EXERCISE MATERIALS ▸
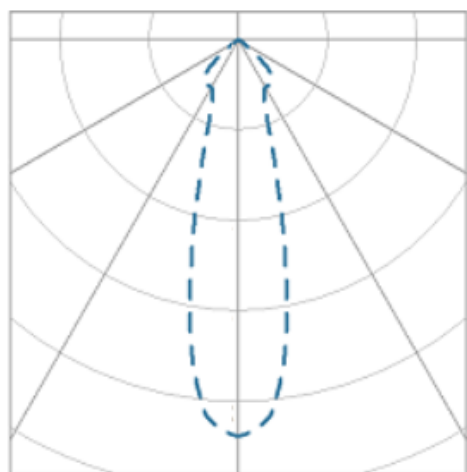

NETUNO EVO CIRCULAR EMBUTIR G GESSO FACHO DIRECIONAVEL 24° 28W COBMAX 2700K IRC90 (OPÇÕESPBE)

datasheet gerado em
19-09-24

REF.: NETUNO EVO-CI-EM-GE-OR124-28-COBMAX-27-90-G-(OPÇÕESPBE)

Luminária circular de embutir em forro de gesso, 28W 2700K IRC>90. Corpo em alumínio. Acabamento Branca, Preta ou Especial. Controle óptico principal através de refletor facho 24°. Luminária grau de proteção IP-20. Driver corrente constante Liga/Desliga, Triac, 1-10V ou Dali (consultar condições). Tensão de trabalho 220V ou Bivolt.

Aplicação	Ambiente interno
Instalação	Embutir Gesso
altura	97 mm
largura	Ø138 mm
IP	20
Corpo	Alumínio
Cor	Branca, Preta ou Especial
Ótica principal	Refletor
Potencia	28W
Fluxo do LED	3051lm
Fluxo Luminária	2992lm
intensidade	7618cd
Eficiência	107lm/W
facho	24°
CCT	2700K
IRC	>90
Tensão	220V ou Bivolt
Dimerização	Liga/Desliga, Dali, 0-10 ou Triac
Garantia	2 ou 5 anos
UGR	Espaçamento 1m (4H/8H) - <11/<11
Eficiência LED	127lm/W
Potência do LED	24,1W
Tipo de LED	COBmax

REQUIREMENT ▸
Copy each line of the listing that contains the string "Liga".

TASK RESULT ▸
Luminária circular de embutir em forro de gesso, 28W 2700K IRC>90. Corpo em alumínio. Acabamento Branca, Preta ou Especial. Controle óptico principal através de refletor facho 24°. Luminária grau de proteção IP-20. Driver corrente constante Liga/Desliga, Triac, 1-10V ou Dali (consultar condições). Tensão de trabalho 220V ou Bivolt.
Dimerização	Liga/Desliga, Dali, 0-10 ou Triac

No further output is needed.